Can you elaborate on the more interesting FE spells? I used to own it on Impule but that doesn't exist, and even the GameStop App from the buyout is gone. I don't recall FE having anything amazing that you couldn't do in MoM, though.

Yeah I can see land/sea swap being difficult but how about redrawing the land biome distribution?  Anyway it was 'basic game parameters' that was important just wanted to give a couple quick examples, some easy, some maybe undoable.  Populaiton growth/leader spawning rate seem like other easy candidates to mess with.  Or changing the maxium population, number of units, maintenance cost, productions costs, etc. basically any of the overarching game parameters.  It sure could be difficult for the AI to deal with (or trivial maybe, say movement rate changes).  Just the general idea of that type of magic rather than any of the particular suggestions.  If it seems too powerful make it hard to access. Could make it fraught with difficulty, say random parameter change, but then expect a bunch of players to save scum.
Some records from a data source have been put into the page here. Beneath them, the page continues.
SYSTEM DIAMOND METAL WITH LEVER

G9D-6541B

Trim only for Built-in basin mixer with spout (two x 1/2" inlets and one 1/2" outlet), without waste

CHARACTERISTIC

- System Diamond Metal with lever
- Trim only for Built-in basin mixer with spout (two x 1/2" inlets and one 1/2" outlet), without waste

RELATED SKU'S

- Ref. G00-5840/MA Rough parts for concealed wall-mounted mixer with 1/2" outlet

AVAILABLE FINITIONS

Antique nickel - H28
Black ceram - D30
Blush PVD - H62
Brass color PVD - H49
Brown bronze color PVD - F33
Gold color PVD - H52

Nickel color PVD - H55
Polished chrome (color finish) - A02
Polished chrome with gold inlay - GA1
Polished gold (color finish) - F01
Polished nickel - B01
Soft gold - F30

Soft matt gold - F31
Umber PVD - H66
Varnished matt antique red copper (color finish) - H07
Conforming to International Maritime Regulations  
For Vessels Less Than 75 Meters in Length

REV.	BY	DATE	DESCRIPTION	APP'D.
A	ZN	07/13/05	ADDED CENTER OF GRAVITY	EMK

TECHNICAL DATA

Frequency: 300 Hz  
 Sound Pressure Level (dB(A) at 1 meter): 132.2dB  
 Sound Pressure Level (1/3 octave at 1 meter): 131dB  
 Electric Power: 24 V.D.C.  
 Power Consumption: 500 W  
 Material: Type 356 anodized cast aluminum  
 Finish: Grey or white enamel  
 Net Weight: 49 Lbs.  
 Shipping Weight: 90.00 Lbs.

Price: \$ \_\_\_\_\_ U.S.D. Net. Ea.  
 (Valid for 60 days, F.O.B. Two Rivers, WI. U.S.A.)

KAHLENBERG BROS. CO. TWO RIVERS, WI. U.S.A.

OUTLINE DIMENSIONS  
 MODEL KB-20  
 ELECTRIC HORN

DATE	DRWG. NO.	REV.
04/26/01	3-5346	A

If you still have some sort of proof of purchase kicking around it should be possible to get FE straight from stardock, or at least a steam key for it,  I initially bought on impulse too but went this route when gamestop disappeared.
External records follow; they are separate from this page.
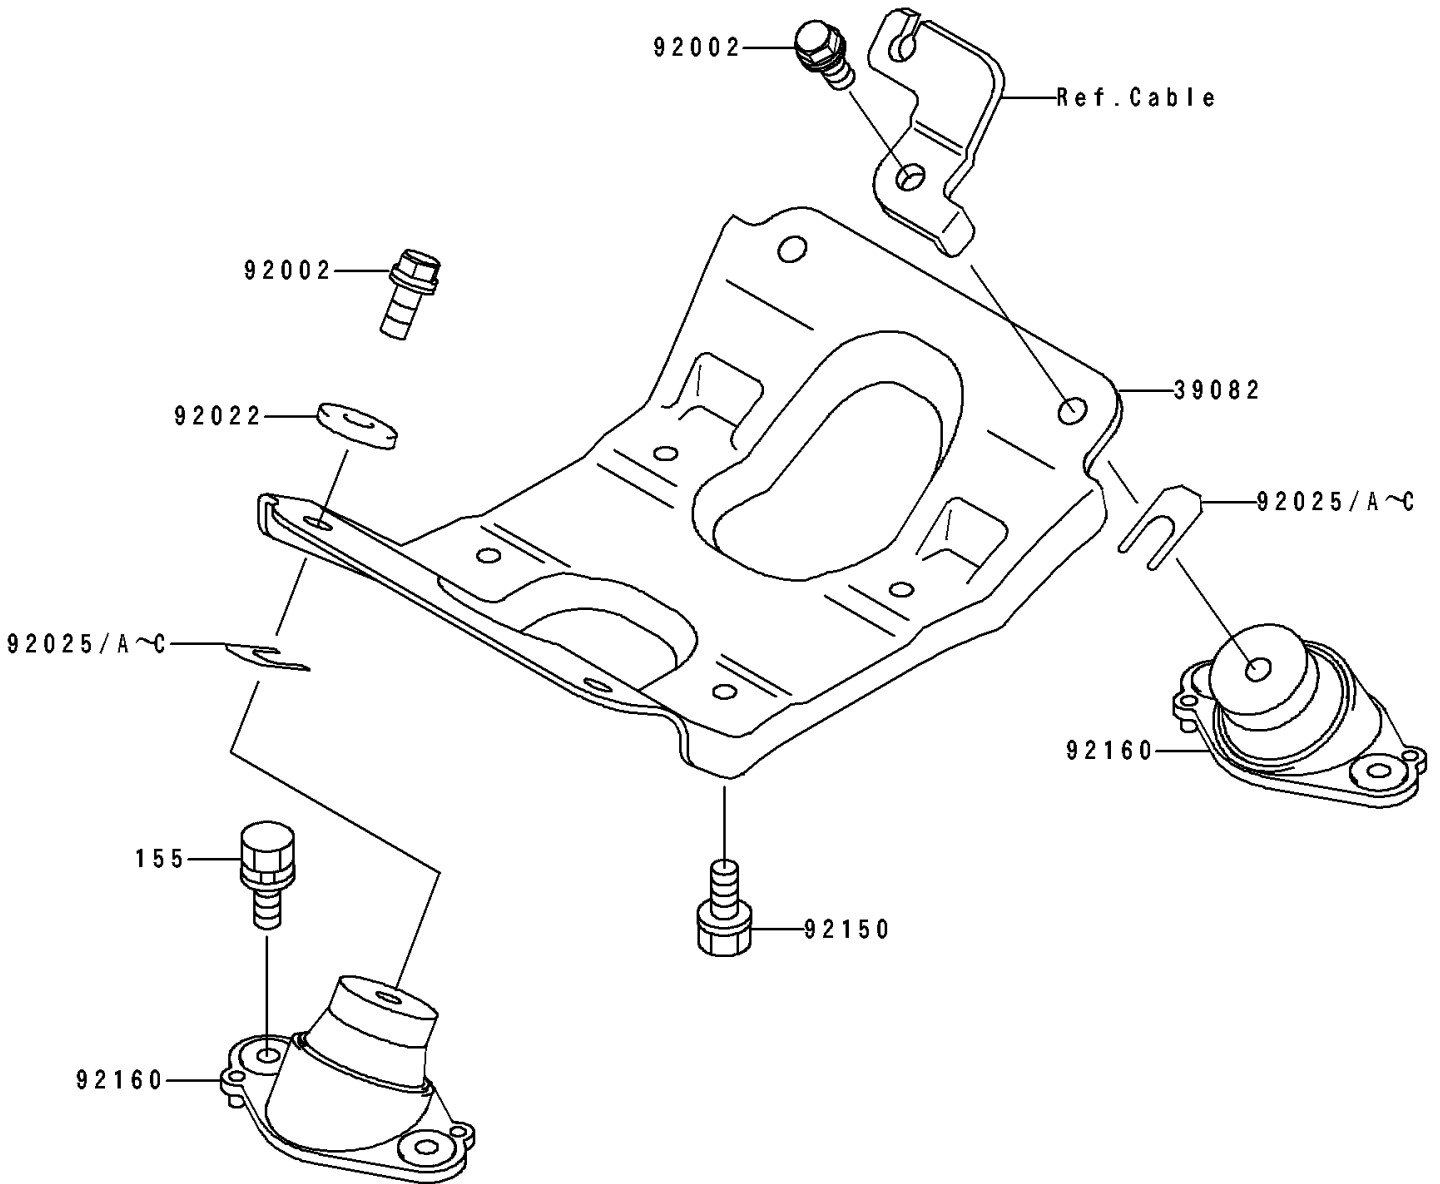

1991 SC PARTS DIAGRAM

Engine Mount

F3144

1991 SC PARTS LIST

Engine Mount

ITEM NAME	PART NUMBER	QUANTITY
MOUNT-ENGINE (Ref # 39082)	39082-3705	1
BOLT,10X25 (Ref # 92002)	92002-3770	1
WASHER,32X10.5X4 (Ref # 92022)	92022-3023	1
SHIM,T=0.3MM (Ref # 92025)	92025-3705	1
SHIM,T=0.5MM (Ref # 92025A)	92025-3706	1
SHIM,T=1.0MM (Ref # 92025B)	92025-3707	1
SHIM,T=1.5MM (Ref # 92025C)	92025-3708	1
BOLT,10X25 (Ref # 92150)	92150-3818	1
DAMPER,ENGINE MOUNT (Ref # 92160)	92160-3757	1
BOLT-WSP-SMALL,8X20 (Ref # 155)	155R0820	1

Some of the spells that might be interesting
Code: [Select]
Blight - all players lose 50% of population
Blood Curse - city sacrifices half its citizens, caster gets one hp from each citizen sacrficed but can no longer heal naturally
Curgen's Volcano - raise a volcano, destroys units, resources, improvements and cites in its target radius
Grip of Winter - halts training and production in all cities of a player, also halves the rate at which they gather resources
Ineluctable Vision - reveals entire map, contines as long as mana maintenance is paid
Infection - each turn negative spells affecting the targeted unit spread to (all) other allied units
Mana Shield - target unit is immune to damage, lose mana from pool instead
Paragon - sovereign permanently loses 5 hit points, target champion gains a level
Shadow World - continuously spawns shadow creatures (hostile to all) while mana maintenance is paid
Steal Spirit - steal spell trait from allied hero, hero dies
Chaos - does random effect to an enemy unit (Pandemonium does this to all enemy units on battlefield)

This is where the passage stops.